## YOUR ASSIGNMENT
An exact transcription is needed of the lines below from the one with "- R** Switched AC (Rocker Switch)" through the one with "GLORIOUS 150 SUSPENSION", with no other lines and no pictures.

## INPUT RECORDS
= Beginning of Section =

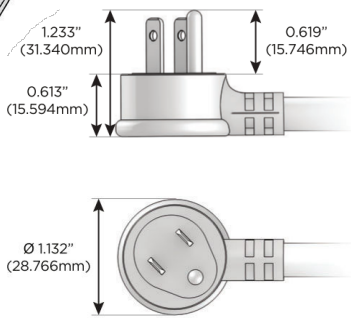

### Module/Port Options:

- A** Tamper Resistant AC Receptacle
- E** USB-A & USB-C (20W)
- M** Double USB-A (Fast Charging Ports - 18W)
- H** HDMI
- 6** CAT 6
- 12** RJ 12
- X** Switched AC
- Y** 3-Way Switch (Low Voltage)
- V** USB-C (45W High Speed Charging Port)
- S** USB-C (25W High Speed Charging Port)
- R** Switched AC (Rocker Switch)
- D** Dimmer Switch

### Plug:

Supplied with Low Profile Flat 45° Angle 120 VAC Plug

Optional Standard Straight 120 VAC Plug

Optional Straight 120 VAC Pass-through Plug

- CLEAN, COMPACT DESIGN
- STREAMLINED
- LOW PROFILE
- SIDE-EXITING CORDS
- PLUG & PLAY
- 6' AC CORD & PLUG (FLAT PLUG STANDARD)
- CUSTOMIZABLE CONFIGURATIONS AND FINISHES
- UL LISTED FOR MOUNTING IN FURNITURE
- 15A

# M-POWER-5T

AC POWER & DATA CONNECTIVITY SOLUTION

M-POWER-5TW-AEAH12-WATP

Specs:

**Modules/Ports:**

- A** Tamper Resistant AC Receptacle
- E** USB-A & USB-C (20W)
- H** HDMI
- 12** RJ 12

**A E H 12**

Distributed by
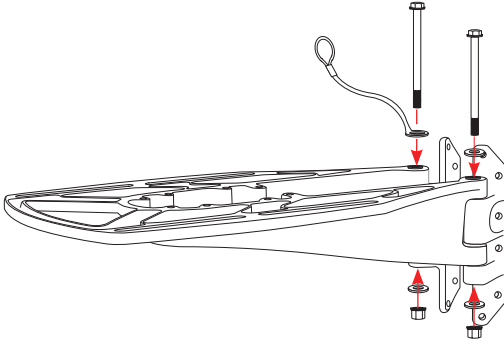

**SM-14-A / SM-18-R /
SM-24-A**

www.seaviewglobal.com

SWIB

5/16" = 8mm

3/16" = 4.7mm

3M 4000 or Equivalent

15/16" = 25mm

Tef-Gel or Equivalent

1A

1B

#SM-AD-ISO

2

3

4

5

6

7

8**9****10****11**

12

13

14

15

16

17
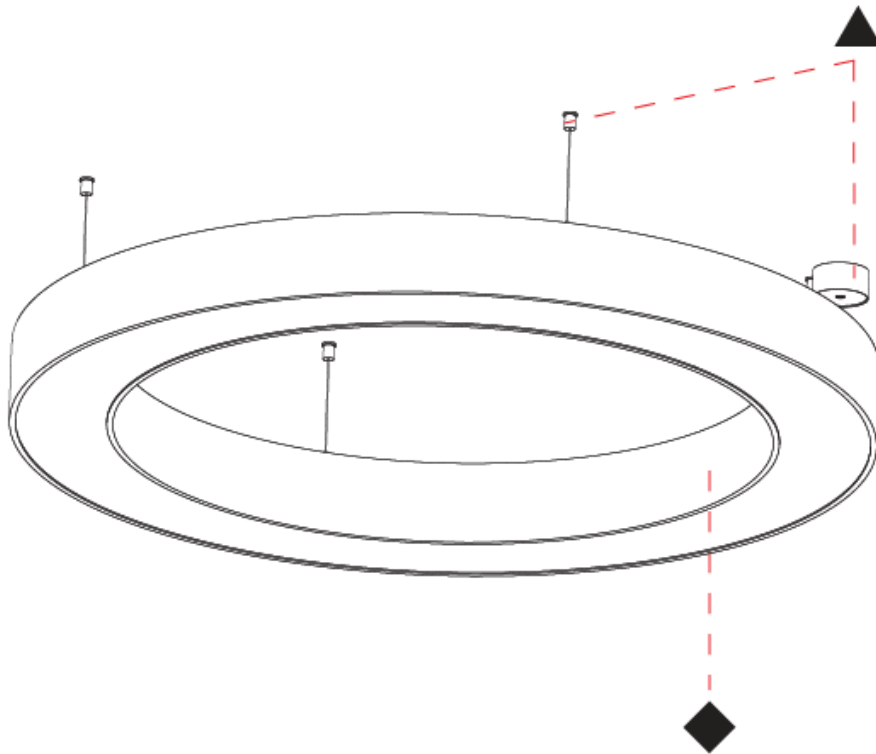

GLORIOUS 150 SUSPENSION

A30309-

PROJECT	_____
TYPE	_____
SPECIFIER	_____
QUANTITY	_____
DATE	_____

A
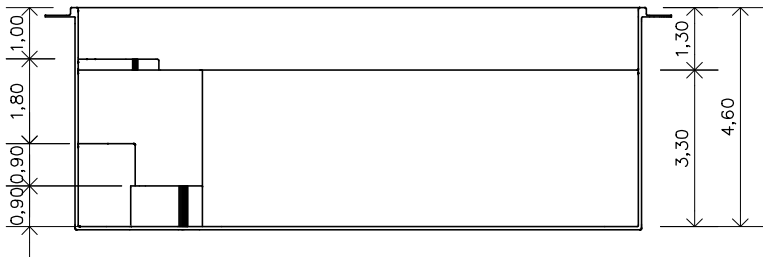

# Spiaggia 800

Gallon (rough measurements):

7901,38 gal

Weight:

791 lb
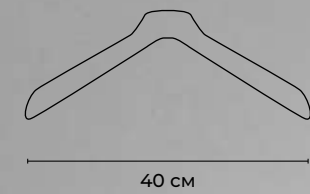

Material	Ivory wood paste
Hardware color	● Nickel / Art. 4030.01.FLM.N
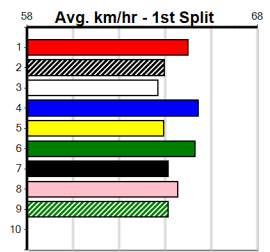

HORSHAM DOORS & GLASS

Distance: 410m, Race Type: Mixed 6/7, Total Prizemoney: $2,925
1st: $1,950, 2nd: $600, 3rd: $300, 4th: $75

Watchdog Tips:

Bet:

Form Box	Wgt	Dist	Track	Date	Time	BON	Margin	1st/2nd (Time)	PIR	Checked	Comment	WR	Split 1	S/P	Grade

SHINY PISTOL [6]
BE Dog Apr-22 Sire: SHIMA SHINE Dam: CHUN LI
Owner(s): Vi Alskar Hundar (SYN), A Lie, J Sharp
Winning Distances: < 300m (0) 300 - 399m (0) 400 - 499m (2) 500 - 599m (0) 600 - 699m (0) > 700m (0)
Winning Weights: 30.3(1) 30.6(1)
7th (2) 30.1 400 GEL R2 26-Jan-24 23.06 22.43 3.75L VELVET VIXEN (22.81) S/78 . . . . . 8.75 $7.40 7
2nd (8) 30.4 410 HOR R3 05-Mar-24 23.61 22.89 1.75L BRUTALITY (23.50) M/33 . . . . . 10.56 $1.80 7
4th (1) 30.5 410 HOR R3 12-Mar-24 23.72 23.06 7.00L SWEET CAVIAR (23.24) Q/45 . . . . . 10.77 $1.60 7
1st (6) 30.3 410 HOR R2 19-Mar-24 23.43 23.01 1.5L SUPER SEDAN (23.53) M/22 . . . . . 10.43 $5.30 7
F (8) 30.1 410 HOR R9 27-Mar-24 0.00 22.70 . CHASING HEARTS (23.18) M/88 . . V7 . 11.89 $4.30 6G
6th (4) 30.4 410 HOR R9 28-May-24 24.08 22.94 12.00 TRESPASSING (23.30) S/66 . . V7 . 10.99 $5.70 6G
7th (7) 30.8 400 GEL R12 06-Aug-24 23.41 22.31 9.50L IF HE COULD (22.77) S/78 . . SW W 8.85 $14.00 6G
3rd (7) 30.5 390 SHP R9 12-Aug-24 22.56 22.05 4.25L BEGGIN' (22.27) M/34 . . . . . 8.65 $42.50 X67
Last 3 wins NOT included above
1st (6) 30.6 410 HOR R1 16-Jan-24 23.20 22.95 1.00L BLOCK A BABE (23.26) M/11 . . . . . 10.38 $7.80 M

Box History

Bx	1st	2nd	3rd	4th	5th	6th	7th	8th
1				1				
2							1	
3								1
4		2			1			
5		1						
6	2							
7			1			1	1	
8		1						

Prize Best Starts Trk/Dts APM $5385.00 23.20(6)-16/1/24 14-2-1-4 6-2-1-1 1842

CRACKERJACK MATT [7]
BE Dog Jan-23 Sire: SHIMA SHINE Dam: MAXIMUM SHIRLEY
Owner(s): J Cooper
Winning Distances: < 300m (0) 300 - 399m (1) 400 - 499m (0) 500 - 599m (0) 600 - 699m (0) > 700m (0)
Winning Weights: 33.1(1)
5th (2) 33.6 400 GEL R1 02-Aug-24 23.40 22.54 5.00L COME AND SEE (23.05) M/67 . . . . . 8.69 $4.40 M
2nd (2) 33.4 390 BAL R2 07-Aug-24 22.62 22.08 0.50L MY MATE NICK (22.59) Q/22 . . . . . 8.63 $4.20 M
1st (3) 33.1 390 BAL R10 23-Aug-24 22.36 22.19 3.75L HURRICANE BERT (22.62) M/11 . . SW . 8.48 $2.60 M
2nd (4) 32.5 390 WBL R1 29-Aug-24 22.36 22.08 1.5L OUR MATE BEAR (22.26) M/22 . . . . . 8.70 $2.30 7
Last 3 wins NOT included above

Box History

Bx	1st	2nd	3rd	4th	5th	6th	7th	8th
1								
2		1			1			
3	1							
4		1						
5								
6								
7								
8								

Prize Best Starts Trk/Dts APM $2800.00 FSH 4-1-2-0 0-0-0-0 2800
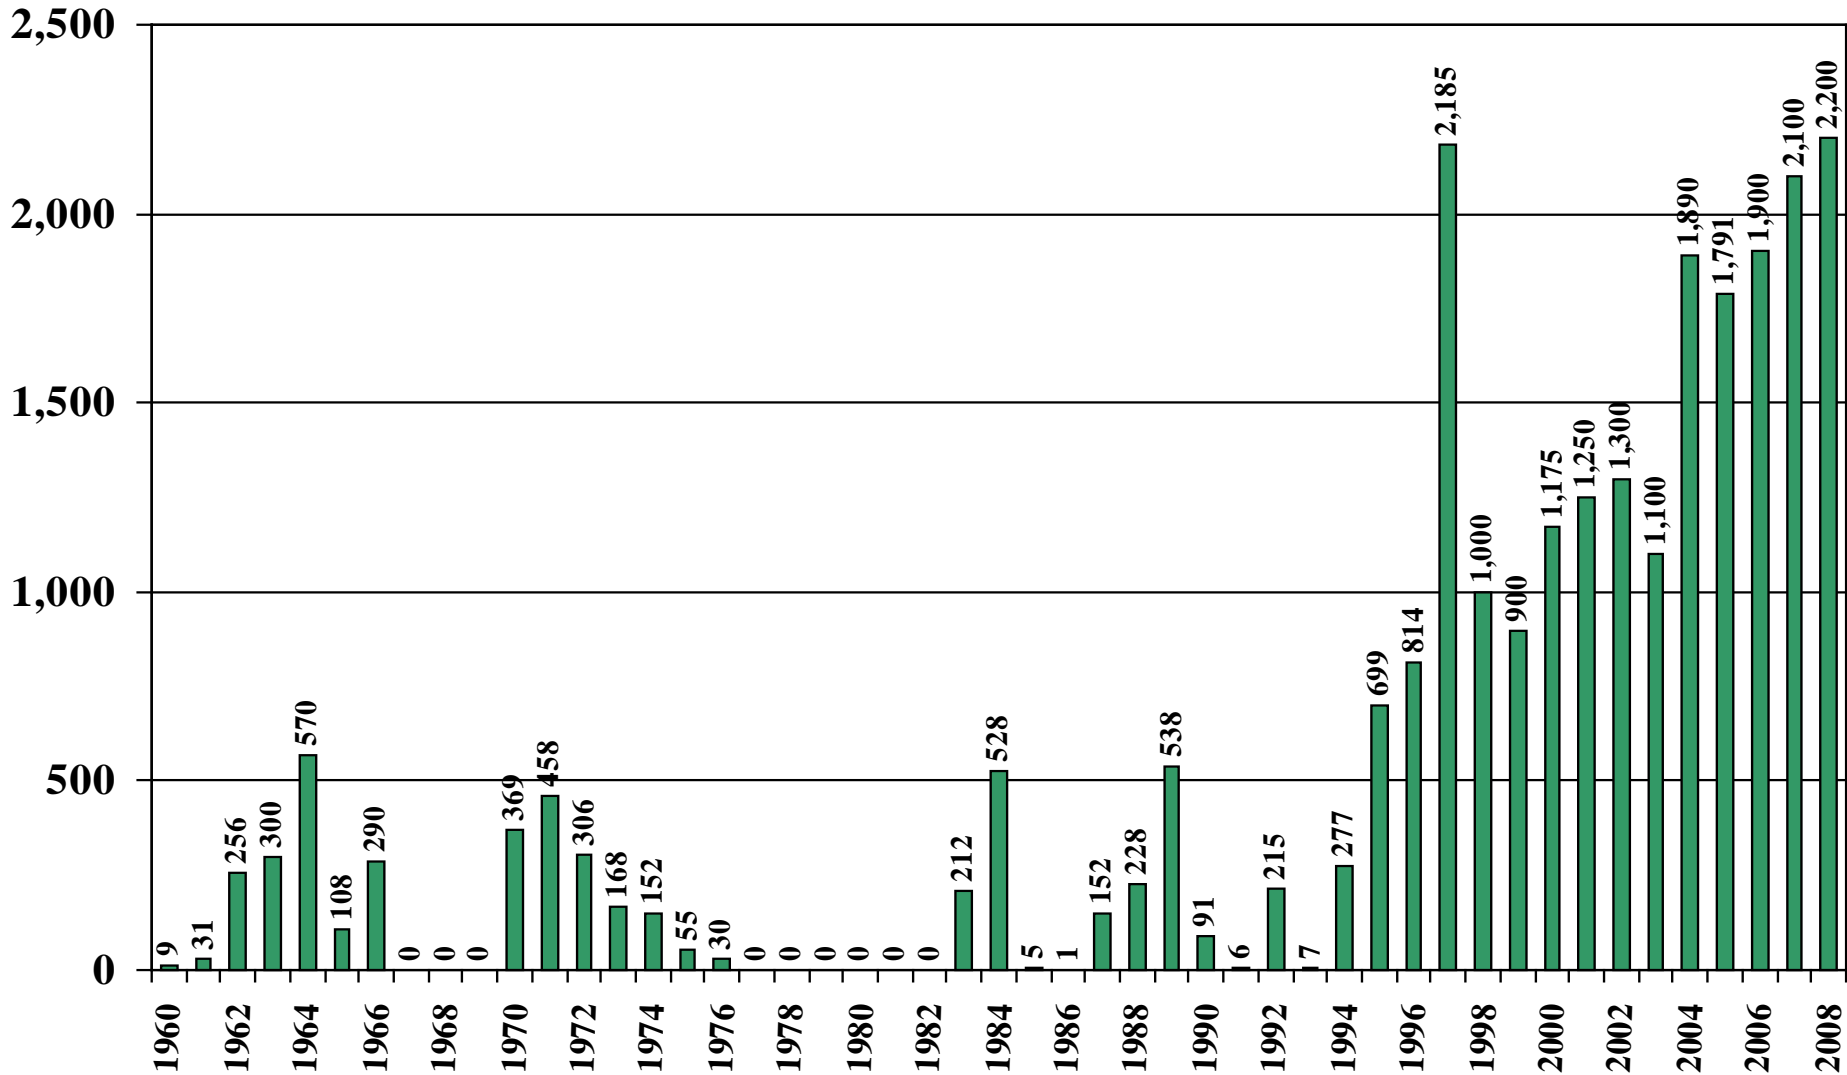

Philippines

USDA Supply and Demand Estimates

September 2, 2008

Philippines Rice Acreage Harvested 1960/61 – 2008/09

Source: [USDA Foreign Agricultural Service](#)

September 2, 2008

Philippines Milled Production (1,000 Metric Tons) 1960/61 – 2008/09

Source: [USDA Foreign Agricultural Service](#)

Philippines Rice Jan-Dec Imports (1,000 Metric Tons) 1960/61 – 2008/09

Source: [USDA Foreign Agricultural Service](#)

September 2, 2008

Philippines Rice Jan-Dec Exports (1,000 Metric Tons) 1960/61 – 2008/09

Source: [USDA Foreign Agricultural Service](#)

September 2, 2008

Philippines Rice Total Domestic Consumption (1,000 Metric Tons) 1960/61 – 2008/09

Source: [USDA Foreign Agricultural Service](#)

September 2, 2008

Philippines Rice Total Distribution (1,000 Metric Tons) 1960/61 – 2008/09

Source: [USDA Foreign Agricultural Service](#)

September 2, 2008

Philippines Rice Ending Stocks (1,000 Metric Tons) 1960/61 – 2008/09

= End of Section =

## ANSWER TO THIS PROBLEM
- R** Switched AC (Rocker Switch)
- D** Dimmer Switch

### Plug:

Supplied with Low Profile Flat 45° Angle 120 VAC Plug

Optional Standard Straight 120 VAC Plug

Optional Straight 120 VAC Pass-through Plug

- CLEAN, COMPACT DESIGN
- STREAMLINED
- LOW PROFILE
- SIDE-EXITING CORDS
- PLUG & PLAY
- 6' AC CORD & PLUG (FLAT PLUG STANDARD)
- CUSTOMIZABLE CONFIGURATIONS AND FINISHES
- UL LISTED FOR MOUNTING IN FURNITURE
- 15A

# M-POWER-5T

AC POWER & DATA CONNECTIVITY SOLUTION

M-POWER-5TW-AEAH12-WATP

Specs:

**Modules/Ports:**

- A** Tamper Resistant AC Receptacle
- E** USB-A & USB-C (20W)
- H** HDMI
- 12** RJ 12

**A E H 12**

Distributed by

**SM-14-A / SM-18-R /
SM-24-A**

www.seaviewglobal.com

SWIB

5/16" = 8mm

3/16" = 4.7mm

3M 4000 or Equivalent

15/16" = 25mm

Tef-Gel or Equivalent

1A

1B

#SM-AD-ISO

2

3

4

5

6

7

8**9****10****11**

12

13

14

15

16

17

GLORIOUS 150 SUSPENSION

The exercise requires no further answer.